▶ _EXERCISE BRIEF_:
Write out the stretch of lines below that begins at the line with "Mt. TESSUTO h.140 per confezione: 3,20" and ends at the line with "CON RULLO 60X45**", including both, exactly as given and nothing more.

Start of RECORD EXCERPTS

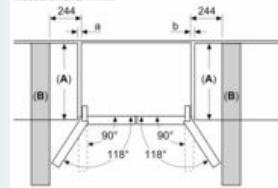

Measurements in mm

A	a	b
≤ 600	0	0
600 < A ≤ 650	50	50
650 < A ≤ 700	65	65
> 700	244	244

A: Depth of the furniture or worktop
B: Wall
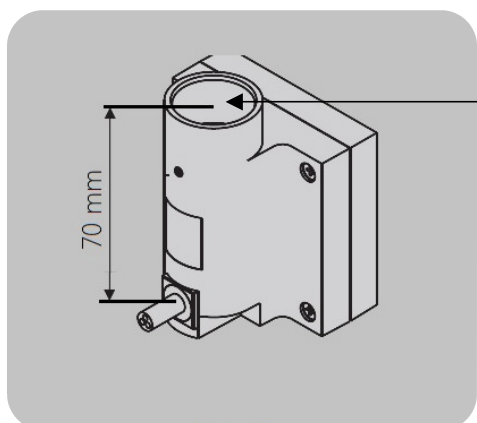

Mått och teknisk information : Vipera handdukstork

A \updownarrow	B \leftrightarrow	C2	D	E	F
510	400	360	350	330	90
510	500	460	450	330	90
510	600	560	550	330	90
750	400	360	350	570	90
750	600	560	550	570	90
750	500	460	450	570	90
990	400	360	350	810	90
990	500	460	450	810	90
990	600	560	550	810	90
1230	400	360	350	1050	90
1230	600	560	550	1050	90
1230	500	460	450	1050	90
1470	400	360	350	1290	90
1470	500	460	450	1290	90
1470	600	560	550	1290	90
1710	400	360	350	1530	90
1710	500	460	450	1530	90
1710	600	560	550	1530	90

Måtten är i förhållande till underkant handdukstork. Se markering sid 1

KTX2 /KTX4 med synlig kabelanslutning

Underkant handdukstork

Illustration visar mått för installation med Elpatron KTX, synlig anslutning

Måtten är i förhållande till underkant handdukstork. Se markering sid 1

Standardlängd på kabeln är 1,5 m
Går att beställa med längre kabel

Mått och teknisk information : Vipera handdukstork

Elpatron MOA

Illustration visar mått för installation med Elpatron MOA, synlig/dold anslutning

Se ritning nedan

Standardlängd på kabeln är 1,5 m
Går att beställa med längre kabel

Mått och teknisk information : Vipera handdukstork

Elpatron ONE Intern

Bilderna visar mått för installation med Elpatron ONE intern. Måtten är i förhållande till underkant handdukstork. Se sid 1 Elpatron ONE har alltid integrerad kabel som sitter inkapslad i termostaten. Det innebär att kabeln kommet ut i nedre väggfästet som i detta fall endast fungerar som täck-kåpa. Se bild.
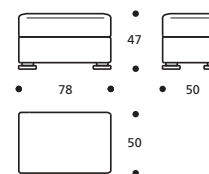

Art. 8880 POUFF 60x60
DIMENSIONI: 60 x 60 x H.47
Mt. TESSUTO h.140 per confezione: 3,20

PIEDI OPTIONALS

- Piede in metallo cromato

**Art. 8866 TERMINALE CON BRACCIOLLO
STRETTO 165 DX/SX**
DIMENSIONI: 90 x 165 x H.78
Mt. TESSUTO h.140 per confezione: 6,80

PIEDI OPTIONALS

- Piede in metallo cromato

**Art. 8876 ELEMENTO 90 POUFF CON
BRACC. STRETTO N° 1 CUSCINO
CON RULLO 60X45**
DIMENSIONI: 79 x 90 x H.78
Mt. TESSUTO h.140 per confezione: 5,70

PIEDI OPTIONALS

- Piede in metallo cromato

Art. 8881 POUFF 92x92
DIMENSIONI: 92 x 92 x H.47
Mt. TESSUTO h.140 per confezione: 4,20

PIEDI OPTIONALS

- Piede in metallo cromato

Art. 8870 POUFF 78x50
DIMENSIONI: 78 x 50 x H.47
Mt. TESSUTO h.140 per confezione: 2,50
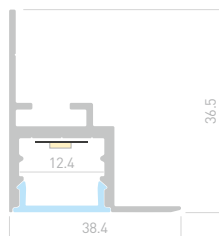

034977

Размеры | **2000×25.9×30.3 мм**
Ширина площадки | **12.9 мм**
Цвет ● **Анод.**

ДОСТУПНЫЕ АКСЕССУАРЫ

Экран Заглушка

CEIL BEVEL

Профиль
ARH-CEIL-BEVEL-EDGE-2000 WHITE

034981

Размеры | **2000×64.5×60 мм**
Ширина площадки | **12.5 мм**
Цвет ● **Анод.**

End of RECORD EXCERPTS

▶ _ANSWER BOX_:
Mt. TESSUTO h.140 per confezione: 3,20

PIEDI OPTIONALS

- Piede in metallo cromato

**Art. 8866 TERMINALE CON BRACCIOLLO
STRETTO 165 DX/SX**
DIMENSIONI: 90 x 165 x H.78
Mt. TESSUTO h.140 per confezione: 6,80

PIEDI OPTIONALS

- Piede in metallo cromato

**Art. 8876 ELEMENTO 90 POUFF CON
BRACC. STRETTO N° 1 CUSCINO
CON RULLO 60X45**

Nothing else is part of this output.